Jan 19, 2017 11:12
I remember how I spent the last day of Bush's presidency. I was living in Milwaukee at the time. I went downtown to pick up tickets to the screening of Obama's inauguration, then I took myself to see "The Wrestler" at the independent movie house down the street from my apartment. I remember it being a crisp, clear day, and I remember feeling so hopeful and refreshed as I walked home from the movie. (Even though it was a pretty depressing movie.)

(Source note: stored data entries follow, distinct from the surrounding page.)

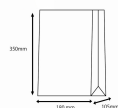

品番 : EA927SB-76

品名 : 180x105x350mm カラー紙袋(こげ茶/100枚)

販売価格	1,770円(税抜) / 1,947円(税込)		
カタログ価格	1,770円(税抜) / 1,947円(税込)		
在庫数	最新在庫: 16 (2026/06/13 20:07現在)		
商品入数	100	販売単位	束
カタログページ	2128ページ		

仕様

サイズ(幅×マチ×高さ)	180×105×350mm	厚み	60g/m ²
材質	未晒クラフト紙	色	こげ茶
入数	100枚		

マチ幅が広めの角底袋です。

クラフト紙全面にこげ茶の印刷を施していますので深みのある落ち着いたこげ茶色に仕上がっています。

株式会社エスコ

大阪府大阪市西区立売堀3丁目8番14号 06-6532-6226(代表)

© 2018 ESCO Co.,Ltd.
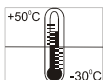

884 Lampa obrotowa

- niska cena z żarówką
- do montażu na wewnątrz i zewnątrz

Specyfikacja techniczna

Wymiary (śr. x wys.):	142 x 216 mm
Obudowa:	ABS wysokoudarowy, kolor czarny
Klosz:	wysokoudarowy przezroczysty poliwęglan
Mocowanie:	na podłożu, uchwycie i rurze
Połączenie:	zaciski wkręcane w kostce ochrona przed dotykiem według VDE
Napęd:	silnik obrotowy w środku ciężkości
Pozycja instalacji:	dowolna
Lampa halogenowa:	GY 6.35 35W 12V / 24 V
Prędkość obrotowa lustra:	około 60 obr/min.
Średni czas między awaryjny:	> 5 000 h
Cykl życia:	100 %

TECHNIKA SYGNAŁOWA, SYGNALIZACYJNA OPTYCZNA I DŹWIĘKOWA

Dane do zamówienia:

napięcie	24 V \equiv	115 V \equiv	230 V~
pobór prądu	1,6 A	0,35 A	0,17 A
czerwony	884 100 75	884 100 77	884 100 68
zielony	884 200 75	884 200 77	884 200 68
żółty	884 300 75	884 300 77	884 300 68
niebieski	884 500 75	884 500 77	884 500 68
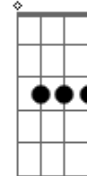

© ukulele-chords.com

Cm
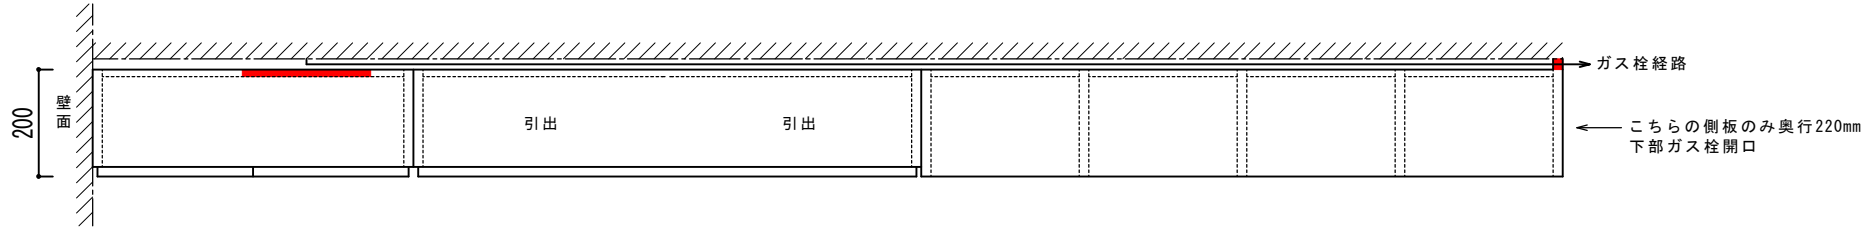

両開き・引出・オープン収納セット

レイアウト図面

色：ホワイト

【平面図】
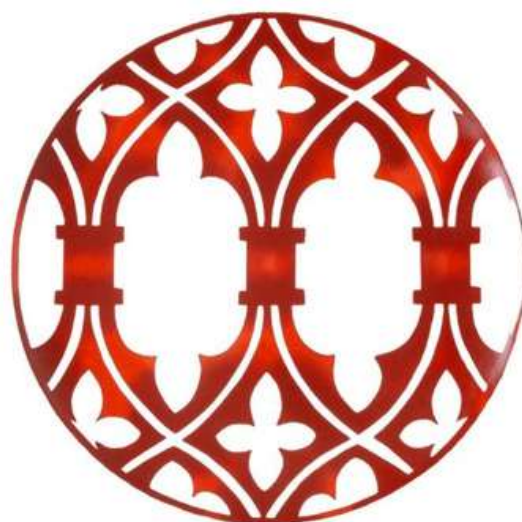

Bisanzio

- porcellana originale della collezione Geminiano Cozzi Venezia 1765
- richiamo all'architettura gotica dei palazzi veneziani, con influenze Bizantine e Orientali

TS_347 - SOTTOPIATTO
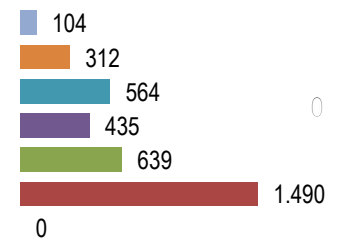

GRS DE ALFENAS

25 MUNICÍPIOS

Período de:
2020 à 2022

516.624 habitantes

282.714 consultas

3.544 tratamentos

Raça

- Branca
- Preta
- Amarela
- Parda

Faixa etária

- 0 a 24
- 25 a 34
- 35 a 44
- 45 a 54
- 55 a 65
- >65

Tabagismo

- Nunca
- Ex-consumidor
- Sim
- Sem informação

Etilismo

- Nunca
- Ex-consumidor
- Sim
- Sem informação

Tratamentos

Primeiro tratamento recebido

- sem informacao
- outras
- imunoterapia
- transplante medula
- hormonioterapia
- quimioterapia
- radioterapia
- cirurgia
- nenhum

Estadiamento

- Sem Informação
- Não Estadiáveis
- IV
- III
- II
- I
- 0
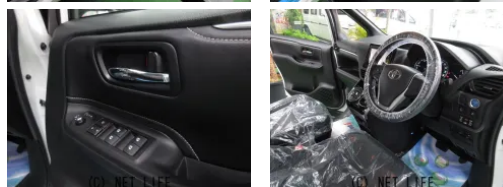

本土トヨタディーラー様より、人気のエスクァイアハイブリッド車のモデルスタエアロ
&ワイドサイドガーニッシュ&モデルスタ専用ツインスポーツマフラー、純正BBS製
16インチアルミ&新品タイヤ付きの、禁煙車の実走56,680kmの上級グレード...

車名	トヨタ エスクァイア 1.8ハイブリッドGi・純正 ナビ&フルセグ・LEDライト...		
本体価格(消費税込) 支払総額(税込)	198万円 (209万円)		
年式	2015年 (H27)		
走行距離	5.7万 km		
保証	保証無		
法定整備	法定整備含		
色	パールホホワイト		
車検	車検整備付	修復歴	有
リサイクル	リ済込	駆動方式	2WD
燃料	ハイブリッド	ミッション	CVTインパネ
ハンドル	右	乗車定員	7名
ドア	5D	車台番号	861

装備・内装・外装・安全装備

パワーステアリング・パワーウィンドウ・エアコン・Wエアコン・オートライト・LEDライト・ETC・ウインカーミラー・フォグランプ・プライバシーガラス・電格ミラー・キーレス・スマートキー・キーフリースタート・プッシュスタート・集中ドアロック・盗難防止装置・TV(フルセグ)・ナビ(SDナビ他)・本革シート・ベンチシート・三列シート・シートヒーター・ウォークスルー・カメラ(バック)・スライドドア(両側電動)・ABS・横滑り防止装置・衝突被害軽減ブレーキ・衝突安全ボディ・アイドリングストップ・エアバック(運転席/助手席/サイド)・

Today I just want to curl into a ball and hide under my blanket. (That's not what I'm actually doing, since it's a workday, but that's what I'm doing in my heart.) *sigh* It's a gray day here in southern New Hampshire. I went to work. I went to therapy. I talked to my therapist about what I'm going to do in the coming months to try to save the world. (I think I'm going to the Concord, NH march, and next week I'm going to a conference on librarianship and fake news.)

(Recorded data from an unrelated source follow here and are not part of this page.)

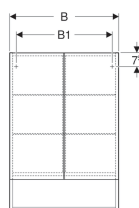

Zrcadlová skříňka Geberit Selnova Square, s 2 dvířky

Obrázek s příkladem

Vlastnosti

- Závěsná
- Dvoje dvířka
- S otevřenou odkládací plochou
- Dvířka s tichým dovíráním
- Se čtyřmi skleněnými polohovatelnými poličkami
- Strana připevnění závěsu vlevo nebo vpravo
- Dodáváno smontované

Technické údaje

Materiál | Vysoce komprimovaná třívrstvá dřevotřísková deska

Obsah dodávky

- 4 skleněné poličky
- Upevňovací materiál

Pol. č.	Barva / povrch	B	B1	B2	B3	H	T	
501.264.00.1	Bílá / Lakované s vysokým leskem	58.8 cm	51.8 cm	55.6 cm	29.1 cm	85 cm	17.5 cm	datasheet:indicator-new
501.265.00.1	Láva / Lak matný	58.8 cm	51.8 cm	55.6 cm	29.1 cm	85 cm	17.5 cm	datasheet:indicator-new
501.266.00.1	Ořech hickory / Melamin struktura dřeva	58.8 cm	51.8 cm	55.6 cm	29.1 cm	85 cm	17.5 cm	datasheet:indicator-new
501.267.00.1	Ořech hickory světlý / Melamin struktura dřeva	58.8 cm	51.8 cm	55.6 cm	29.1 cm	85 cm	17.5 cm	datasheet:indicator-new
501.268.00.1	Bílá / Lakované s vysokým leskem	78.8 cm	71.8 cm	75.6 cm	39.1 cm	85 cm	17.5 cm	datasheet:indicator-new
501.269.00.1	Láva / Lak matný	78.8 cm	71.8 cm	75.6 cm	39.1 cm	85 cm	17.5 cm	datasheet:indicator-new
501.270.00.1	Ořech hickory / Melamin struktura dřeva	78.8 cm	71.8 cm	75.6 cm	39.1 cm	85 cm	17.5 cm	datasheet:indicator-new
501.271.00.1	Ořech hickory světlý / Melamin struktura dřeva	78.8 cm	71.8 cm	75.6 cm	39.1 cm	85 cm	17.5 cm	datasheet:indicator-new
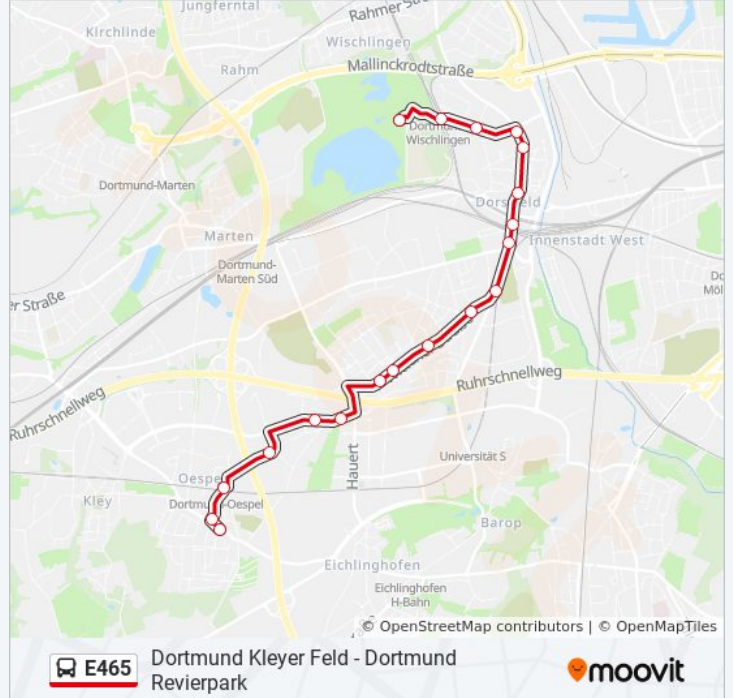

Dortmund Wittener Straße

Dortmund Osningstraße

Dortmund Höfkerstraße

Dortmund Wulffsweg

Dortmund Wischlingen S

Dortmund Revierpark

Richtung: Dortmund Steinsweg

19 Haltestellen

[LINIENPLAN ANZEIGEN](#)

Dortmund Revierpark

Dortmund Wischlingen S

Dortmund Wulffsweg

Dortmund Höfkerstraße

Dortmund Osningstraße

Dortmund Wittener Straße

Dortmund Dorstfeld

Dortmund Im Weißen Feld

Dortmund Oespel

Dortmund Auf Der Linnert

Buslinie E465 Fahrpläne

Abfahrzeiten in Richtung Dortmund Steinsweg

Montag	13:28
Dienstag	13:28
Mittwoch	13:28
Donnerstag	13:28
Freitag	Kein Betrieb
Samstag	Kein Betrieb
Sonntag	Kein Betrieb

Buslinie E465 Info

Richtung: Dortmund Steinsweg

Stationen: 19

Fahrtdauer: 20 Min

Linien Informationen:

Richtung: Dortmund Technologiezentrum

11 Haltestellen

[LINIENPLAN ANZEIGEN](#)
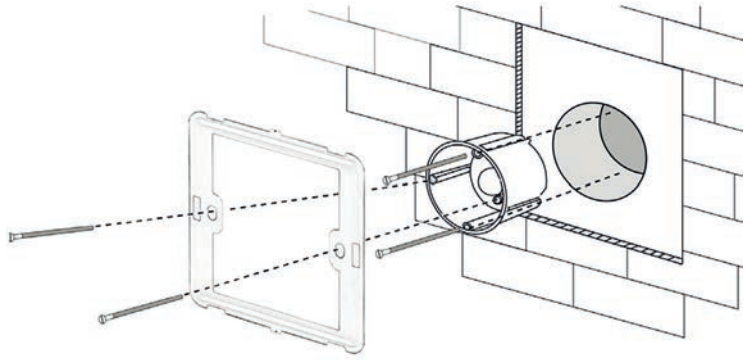

DEKO-LIGHT WAND-TOUCHPANEL RF COLOR

- Ansteuerung des Controllers via Funk, keine zusätzlichen Steuerleitungen notwendig
- zur Steuerung von RGB LED-Stripes / Leuchten
- 4 Zonen
- unabhängiges Dimmen einzelner Zonen
- alle Zonen können gemeinsam ein-/ausgeschaltet werden
- 13 Effektprogramme
- einstellbare Programmgeschwindigkeit
- Memory-Funktion
- Maße L x B x H: 86,5 x 86,5 x 31,1 mm

Artikel	Farbe	Preis
843020	☐ weiß	96,95 €

DEKO-LIGHT WAND-TOUCHPANEL RF COLOR & WHITE

- Ansteuerung des Controllers via Funk, keine zusätzlichen Steuerleitungen notwendig
- zur Steuerung von RGB + weiß LED-Stripes / Leuchten
- 4 Zonen
- unabhängiges Dimmen einzelner Zonen
- alle Zonen können gemeinsam ein-/ausgeschaltet werden
- 12 Effektprogramme
- einstellbare Programmgeschwindigkeit
- Memory-Funktion
- Maße L x B x H: 86,5 x 86,5 x 31,1 mm

Artikel	Farbe	Preis
843021	☐ weiß	96,95 €

Zubehör für 843020

843066 Controller

96,95 €

Zubehör für 843021

843067 Controller

96,95 €

Basically, everything is terrible.
I think one of the reasons Carrie Fisher's death hit me so hard - apart from the fact that I loved her - is, she played one of my very first feminist icons. And we lost her in a year that saw no the election of the first female POTUS, but Jabba the Hutt.
Tomorrow I'm going to work, and then I'm going home and marathoning S2 of Voltron Legendary Defender, and possibly drinking heavily. Fuck.